**What is needed:**
Repeat what the lines below say, word for word, and skip every image.

[Data excerpts]
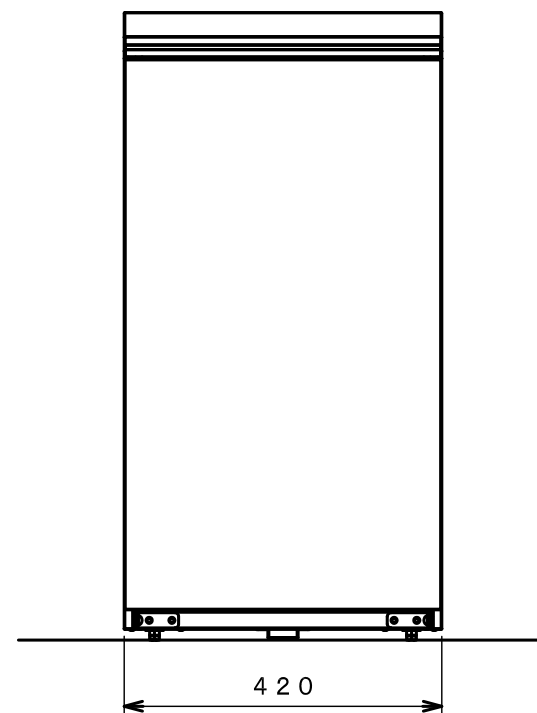

(1 : 5)

最大受取可能寸法 : W390×D390×H550

最大受取可能重量 : 25kg

主材料 : SGCC

表面仕上げ : 粉体焼付塗装

その他 : ・防滴仕様

(防水構造ではないため、強風雨等の諸条件では収納部が濡れてしまう可能性があります)

- ・生鮮食料品、貴重品、現金、危険物、割れ物等はいれしないでください。
- ・必ずアンカー固定を行って下さい。
- ・荷物の授受および預けられた荷物等に関する事故に対しての補償はいたしかねます。
- ・故意的ないたずらに対するの防御機能はありません。

アンカー位置

※M8オールアンカー (SUS) 2本付属

DAIKEN

日付 2017.07  
尺度 1:10 (1:5)

品名 戸建て住宅用宅配ボックス ウケトール  
KBX-21BR
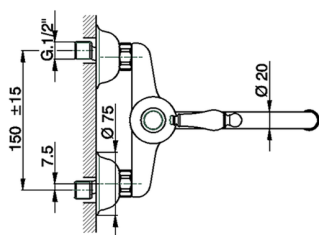

Miscelatore monocomandoavello a parete KITCHEN_CM000400

MODELLO **CM000400**

Miscelatore monocomandoavello a parete, bocca girevole

FINITURE DISPONIBILI

-  **21** 21 Cromo
-  **26** 26 Vecchio Rame
-  **27** 27 Vecchio Bronzo
-  **2A** 2A Nichel Satinato Spazzolato

CARATTERISTICHE

Ricambio Cartuccia **ZZ92909000**

Cartuccia Monocomando 43 mm

2026-05-16
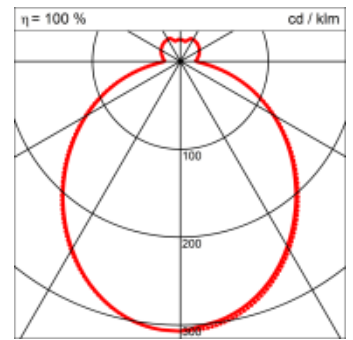

Montage

Materialisierung:

textiler Lampenschirm, Acrylglas satiniert, Kabel transparent mit Stecker

Spezifikationen:

- Direkt/Indirekt Lichtanteil 85:15
- passive Kühlung
- elektronisches Betriebsgerät integriert
- homogene Auflösung der LED Punkte
- Schirm abwaschbar

Masse	700 x 420 x 1800 mm
Leuchtmittel	LED
Leuchten-Gesamtlichtstrom	4100 lm
Farbtemperatur	4000K
Leuchten-Lichtausbeute	136.7 lm/W
Farbwiedergabeindex Ra	> 80
Systemleistung	30 W
UGR quer / längs	18.1/18.3
Gewicht	18 kg
Dimmung	switchDim, DALI, Casambi
Lebensdauer	50000 h
Schutzart	IP 20
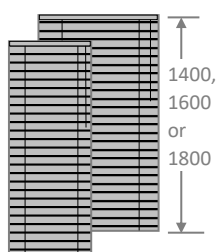

Store pour cloisonnettes en
verre acrylique

Venetian blind for acryl glass
screens

 Hauteur

 Height

 Höhe

1400 mm

1600 mm

1800 mm
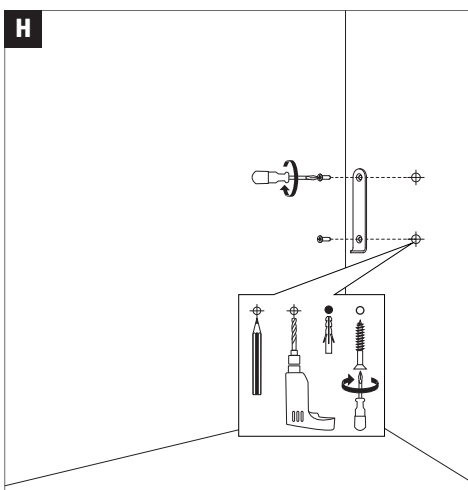

G **i** Factory Reset Remote Control

Zugelassen für den Betrieb in allen Ländern der EU / Approved for operating in all European countries
CE: Konform mit / in accordance with / conformement a 2014/53/EU <http://www.paulmann.com/ce>

2,4 GHz –
2,4835 GHz

Doesn't apply for the geographical area within a radius of 20km from the centre on "Ny Alesund"

Hiermit erklärt Paulmann Licht, dass der Funkanlagentyp [500.67] der Richtlinie 2014/53/EU entspricht.
Der vollständige Text der EU-Konformitätserklärung ist unter der folgenden Internetadresse verfügbar: www.paulmann.com/ce
Funk-Frequenz [2,4 GHz – 2,4835 GHz] Abgestrahlte Energie [10 mW]

**Task result:**
(1 : 5)

最大受取可能寸法 : W390×D390×H550

最大受取可能重量 : 25kg

主材料 : SGCC

表面仕上げ : 粉体焼付塗装

その他 : ・防滴仕様

(防水構造ではないため、強風雨等の諸条件では収納部が濡れてしまう可能性があります)

- ・生鮮食料品、貴重品、現金、危険物、割れ物等はいれしないでください。
- ・必ずアンカー固定を行って下さい。
- ・荷物の授受および預けられた荷物等に関する事故に対しての補償はいたしかねます。
- ・故意的ないたずらに対するの防御機能はありません。

アンカー位置

※M8オールアンカー (SUS) 2本付属

DAIKEN

日付 2017.07  
尺度 1:10 (1:5)

品名 戸建て住宅用宅配ボックス ウケトール  
KBX-21BR

Miscelatore monocomandoavello a parete KITCHEN_CM000400

MODELLO **CM000400**

Miscelatore monocomandoavello a parete, bocca girevole

FINITURE DISPONIBILI

-  **21** 21 Cromo
-  **26** 26 Vecchio Rame
-  **27** 27 Vecchio Bronzo
-  **2A** 2A Nichel Satinato Spazzolato

CARATTERISTICHE

Ricambio Cartuccia **ZZ92909000**

Cartuccia Monocomando 43 mm

2026-05-16

Montage

Materialisierung:

textiler Lampenschirm, Acrylglas satiniert, Kabel transparent mit Stecker

Spezifikationen:

- Direkt/Indirekt Lichtanteil 85:15
- passive Kühlung
- elektronisches Betriebsgerät integriert
- homogene Auflösung der LED Punkte
- Schirm abwaschbar

Masse	700 x 420 x 1800 mm
Leuchtmittel	LED
Leuchten-Gesamtlichtstrom	4100 lm
Farbtemperatur	4000K
Leuchten-Lichtausbeute	136.7 lm/W
Farbwiedergabeindex Ra	> 80
Systemleistung	30 W
UGR quer / längs	18.1/18.3
Gewicht	18 kg
Dimmung	switchDim, DALI, Casambi
Lebensdauer	50000 h
Schutzart	IP 20

Store pour cloisonnettes en
verre acrylique

Venetian blind for acryl glass
screens

 Hauteur

 Height

 Höhe

1400 mm

1600 mm

1800 mm

G **i** Factory Reset Remote Control

Zugelassen für den Betrieb in allen Ländern der EU / Approved for operating in all European countries
CE: Konform mit / in accordance with / conformement a 2014/53/EU <http://www.paulmann.com/ce>

2,4 GHz –
2,4835 GHz

Doesn't apply for the geographical area within a radius of 20km from the centre on "Ny Alesund"

Hiermit erklärt Paulmann Licht, dass der Funkanlagentyp [500.67] der Richtlinie 2014/53/EU entspricht.
Der vollständige Text der EU-Konformitätserklärung ist unter der folgenden Internetadresse verfügbar: www.paulmann.com/ce
Funk-Frequenz [2,4 GHz – 2,4835 GHz] Abgestrahlte Energie [10 mW]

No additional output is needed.